Principles that guide how case is built and used. These come from experience, from the OpenAI harness engineering post, and from Ryan Lopopolo's talk.
- Humans steer. Agents execute. Engineers define goals and acceptance criteria. Agents implement.
- Never write code directly. All code changes flow through agents. Engineers only improve the harness.
- When agents struggle, fix the harness. The fix is never "try harder" — it's a missing doc, playbook, convention, or enforcement rule.
- The harness is the product. The code is the output.
- Give a map, not a manual. Short, stable entry points. Agents drill deeper only when needed. AGENTS.md is ~50 lines.
- Progressive disclosure. Don't dump everything into context up front. Route to the right doc based on the task.
- The fix is never "try harder." When something fails, ask: what capability is missing, and how do we make it legible and enforceable for the agent?
- Instructions decay, enforcement persists. Agents forget instructions over long sessions. Pipeline gates and linters don't forget.
- Human taste is captured once, enforced continuously. Encode preferences into linters, pipeline logic, and golden principles rather than repeating review comments.
- Enforce mechanically, not rhetorically. "STOP — do this before proceeding" doesn't work. A programmatic gate that blocks the next phase does.
- Test the specific fix, not the happy path. Ask: "if I reverted my change, would this test fail?" If no, you're testing the wrong thing.
- Corrections are cheap, waiting is expensive. In high-throughput agent environments, fix forward rather than blocking indefinitely.
- Queue work, don't micromanage. Dispatch a task, walk away, review the PR. Don't shoulder-surf.

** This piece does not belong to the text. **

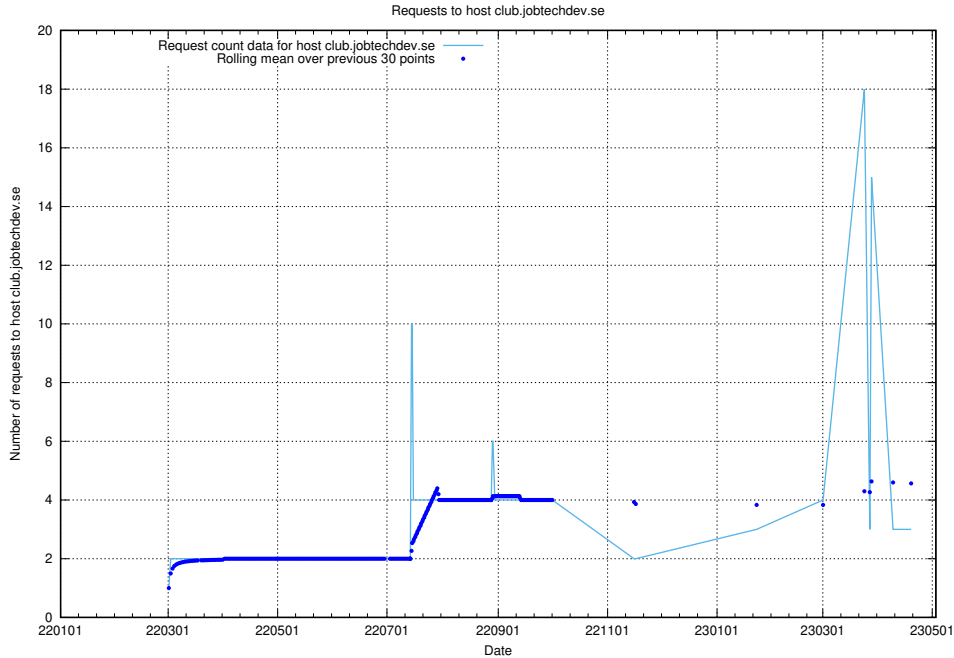

7.220 Usage of club.jobtechdev.se

Here, we count the number of requests to host club.jobtechdev.se.

- Like managing 50 interns. Success is judged on their productivity, not yours.
- The task file is the communication channel. Not chat, not draft PRs on public repos.
- Models replicate existing patterns. If the codebase has good patterns, agents replicate them. If it has bad patterns, they replicate those too. The harness selects which patterns to follow.
- Getting architecture wrong is expensive. High code production rate amplifies bad patterns. Some refactoring becomes impossible.
- Pattern consistency is what makes agents effective at scale. Same shapes, same conventions, same structure across repos.
- Don't build tooling for pain you haven't felt yet. Use the primitives, note what hurts, build for that.
- The harness improves through feedback. Agent fails → you update case → next agent succeeds. The loop compounds.
- Lightweight beats elaborate. Markdown files and habits beat complex tooling when the landscape is changing quickly.
Principles derived from the OpenDev paper on engineering context for LLM agents.
- Context survives compaction when structured for it. Put the most critical information at the top of any document an agent will read during a long session. Summaries first, details second.
- Doom loops are a system failure, not an agent failure. When an agent retries the same failing approach, the harness should break the cycle mechanically — not rely on the agent to self-correct.
- Knowledge compounds across runs. Each pipeline run should leave the harness smarter. Tactical learnings from completed tasks feed into future tasks targeting the same repo.
- Stable instructions first, volatile details last. LLM providers cache prompt prefixes. Structuring CLAUDE.md with stable rules at the top and temporary notes at the bottom maximizes cache hits.